## ABOUT THIS EXERCISE
Every entry below should be transcribed exactly; pictures stay out of the copy.

## INPUT FOR THIS TASK
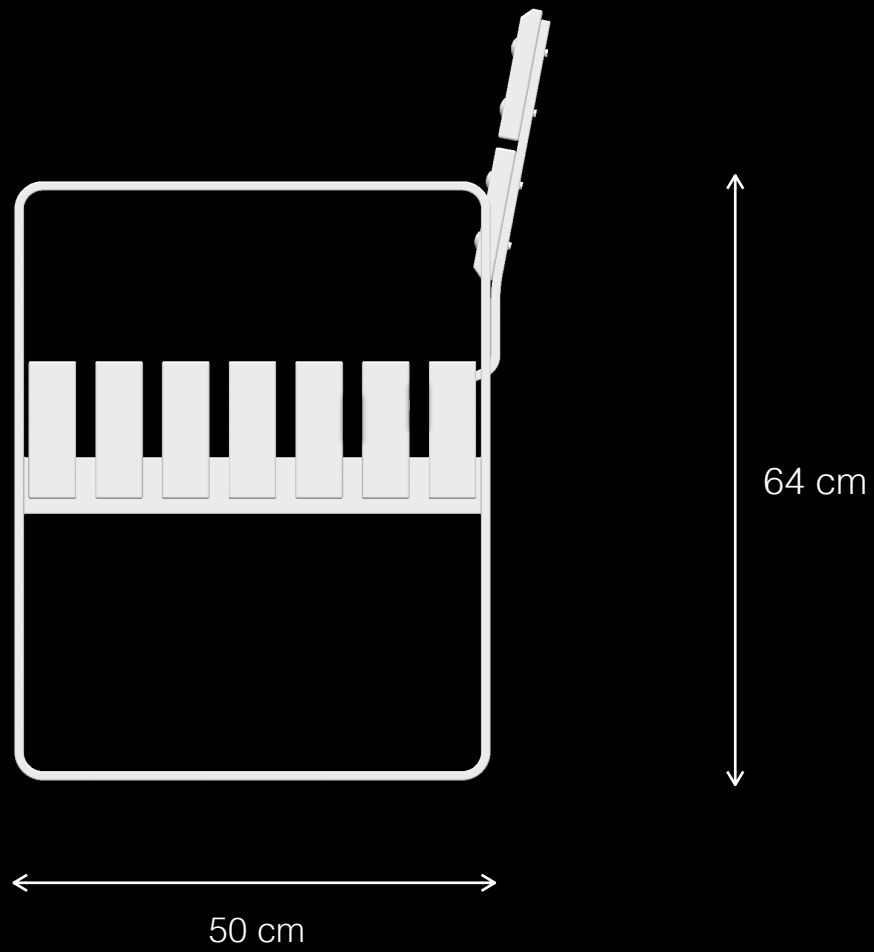

# Mike T1

Urban Leisure Seating Elements

**LEMÓN™**  
Design by LEMON
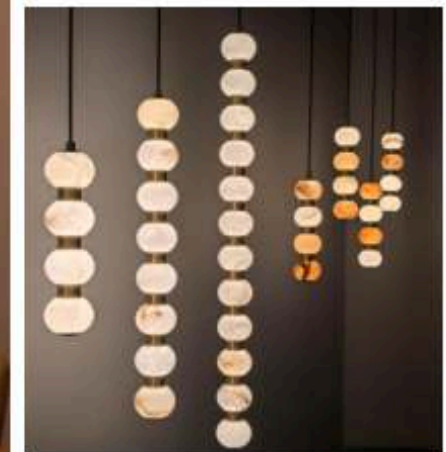

T-40615 with surface canopy

preciosalighting

Ø cm 40 15.74"

Ø cm 17.5 6.89"

Ø cm 17.5 6.89"

Ø cm 50 19.68"

Ø cm 17.5 6.89"

Ø cm 17.5 6.89"
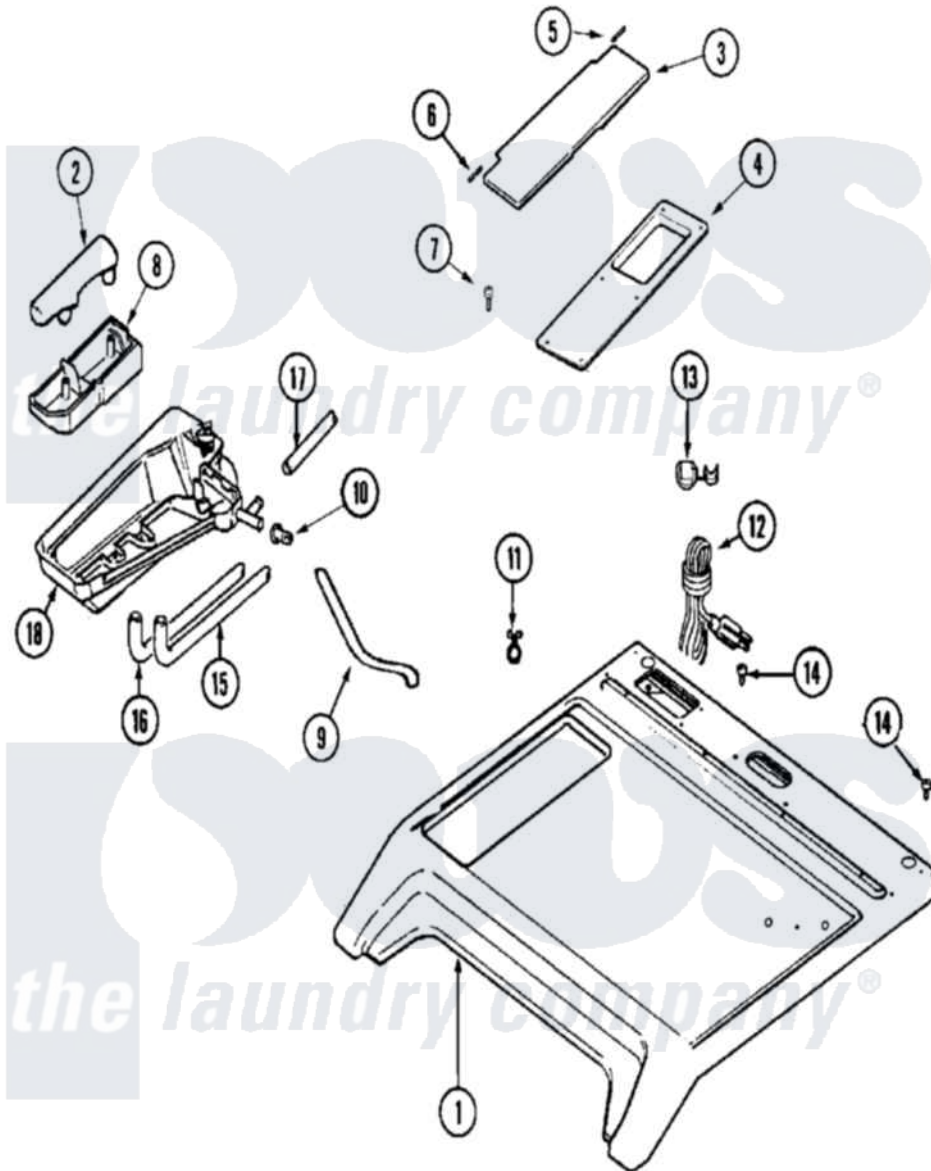

Maytag MAH21PDDGW 03 - TOP

Maytag [Commercial Maytag MAH21PDDGW Washer Parts](#) Parts Diagram 03 - TOP
 Click on the part number to view part

Item	Original Part Number	Replaced By	Status	Part Description
001	22004178			Cover, Top
002	22002266			Cap, Siphon
003	22002941			Lid, Dispenser Commercial
004	22003665			Bezel, Dispenser
005	Y912678	6-912678		Pin- Hinge
006	Y912679			Pin, Hinge
007	22002031			Palnut, Bezel
"	22002060	400021-1		Screw
008	22002265			Cup, Siphon
009	205161	489503		Clamp
"	22002556			Screw, Baffle
010	22001900			Preventer, Back Flow
011	22002027	74007164		Lock- Purs
012	22003540			Cord, Power
"	22003705		Not Available	ADAPTER, CORD EXPORT
"	22004405		Not Available	CORD ADAPTER ASSY

013	216183		Grommet, Cord Export
014	210186	3370225	Screw
015	205161	489503	Clamp
"	22002551		Hose, Bleach
016	205161	489503	Clamp
"	22003634		Hose, Fabric Softener
017	205161	489503	Clamp
"	22002553		Hose, Detergent
018	22002555		Flume, Dispenser
"	22002768	12001558	Dispenser Bottom With 4 Clamps

## ANSWER SECTION
# Mike T1

Urban Leisure Seating Elements

**LEMÓN™**  
Design by LEMON

T-40615 with surface canopy

preciosalighting

Ø cm 40 15.74"

Ø cm 17.5 6.89"

Ø cm 17.5 6.89"

Ø cm 50 19.68"

Ø cm 17.5 6.89"

Ø cm 17.5 6.89"

Maytag MAH21PDDGW 03 - TOP

Maytag [Commercial Maytag MAH21PDDGW Washer Parts](#) Parts Diagram 03 - TOP
 Click on the part number to view part

Item	Original Part Number	Replaced By	Status	Part Description
001	22004178			Cover, Top
002	22002266			Cap, Siphon
003	22002941			Lid, Dispenser Commercial
004	22003665			Bezel, Dispenser
005	Y912678	6-912678		Pin- Hinge
006	Y912679			Pin, Hinge
007	22002031			Palnut, Bezel
"	22002060	400021-1		Screw
008	22002265			Cup, Siphon
009	205161	489503		Clamp
"	22002556			Screw, Baffle
010	22001900			Preventer, Back Flow
011	22002027	74007164		Lock- Purs
012	22003540			Cord, Power
"	22003705		Not Available	ADAPTER, CORD EXPORT
"	22004405		Not Available	CORD ADAPTER ASSY

013	216183		Grommet, Cord Export
014	210186	3370225	Screw
015	205161	489503	Clamp
"	22002551		Hose, Bleach
016	205161	489503	Clamp
"	22003634		Hose, Fabric Softener
017	205161	489503	Clamp
"	22002553		Hose, Detergent
018	22002555		Flume, Dispenser
"	22002768	12001558	Dispenser Bottom With 4 Clamps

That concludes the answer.